The wide range of pattern recognition uses means that it is incredibly versatile, and is a worthwhile practice in many use cases. An understanding of pattern recognition can help to provide real-time solutions to problems in a number of fields, from biomedicine to ecommerce.
In machine learning, pattern recognition is incredibly useful as it can be used to identify, classify, and predict hidden and untraceable data. The learning techniques used result in suitable predictions and worthwhile insights.
Tools Used for Pattern Recognition
A number of tools are available which can be used to develop pattern recognition and machine learning models, alongside a number of courses which can help you get to grips with the key concepts.
- IBM Watson Studio – An open-source tool provided by IBM, it is used for building and deploying machine learning models on a desktop.
- Microsoft Azure Machine Learning Studio – Providing an entry point for those of all skill levels, Microsoft Azure Machine Learning Studio provides a graphical user interface through which users can drag and drop elements to build and deploy machine learning models.

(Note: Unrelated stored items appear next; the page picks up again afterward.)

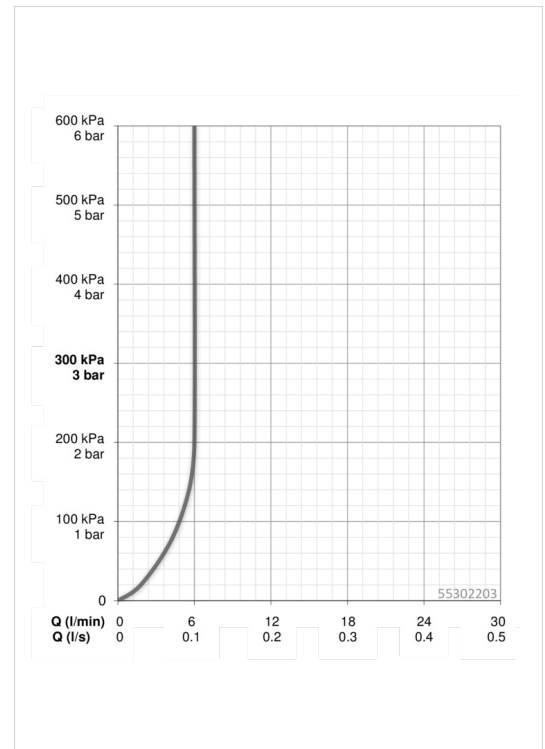

EAN: 4015474261730
static.hansa.com/55302203

- Wastafel
- Eengreeps, zijbediend
- Wastafelmontage
- Chroom
- Draaibare uitloop
- PCA® perlator voor een drukonafhankelijke doorstroom, CACHÉ® perlator geïntegreerd in kraanhuis
- Hendel met warm-koud-aanduiding, Eengreeps bediend
- Afvoergarnituur met trekstang
- ø 25 mm keramisch binnenwerk voor debiet en temperatuur instelling
- Flexibele aansluitlangen
- Kraanhuis gemaakt van DZR messing

Technische gegevens

Doorstromingseigenschappen

Doorstroomhoeveelheid bij 3 bar (met debietregelaar) **6.0 l/min**

Technische eigenschappen

DN-maat **DN15**
 Warmwatertoevoer **max. +80°C**
 Werkdruk **0.5-10 bar**
 Aansluitmaat **G3/8**
 Projection **116 mm**
 Materiaal **brass**

Voorschriften

EN-norm **EN 817**

Reserveonderdelen

SP55302203

Naam	Code
1 Hendel, 2.5 Chroom	59914001
1.1 Schroef, M5x8, SW2.5	59904755
1.3 Binnendeel temperatuurhendel Chroom	59913762
2 Kap Chroom	59913957
3 Schroefring, M32x1, SW24	59913958
4 Binnenwerk, 2.5	59913914
5.1 Trekstang Chroom	59913959
5.3 O-ring, 35.00x2.50	59905020
5.7 Bevestigingsset	59913371
5.8 Flexibele aansluitingen, M8x1xG3/8, L=430	59913964
5.9 O-ring, 6x1.4	59913266
5.10 Dichting, 9.5x14.4x2	59912551
6 Uitloop Chroom	59914023
6.1 Mousseur, M18.5x1, TJ	59913366
6.2 Bevestigingschroeven, M4x8	59913989
6.3 Perlatorsleutel, M18.5	59913367
6.4 Fitting ring for aerator Chroom	59913654
6.6 Schroef, M4x7	59902075
6.7 Dichting	59911884
7 Wastegarnituur Chroom	59911441
8 Afdekplaat, d 55 mm Chroom	59913963

- Google Cloud AutoML – Using neural networks and reinforcement learning as the basis, users can construct high-quality machine learning models with minimum requirements.
Configure Your AI Algorithm With Pattern Recognition
Being able to recognize various rules, events, and conditions is the key to pattern recognition, which in turn is instrumental in many machine learning applications.
There are numerous ways this can be achieved, with a number of different types of algorithms, and techniques to implement them, which can be used to build pattern recognition features and machine learning models.
From ecommerce to biomedicine, pattern recognition has a wealth of uses, so it’s worthwhile getting to grips with how it works and implementing it to make your AI smarter and more effective.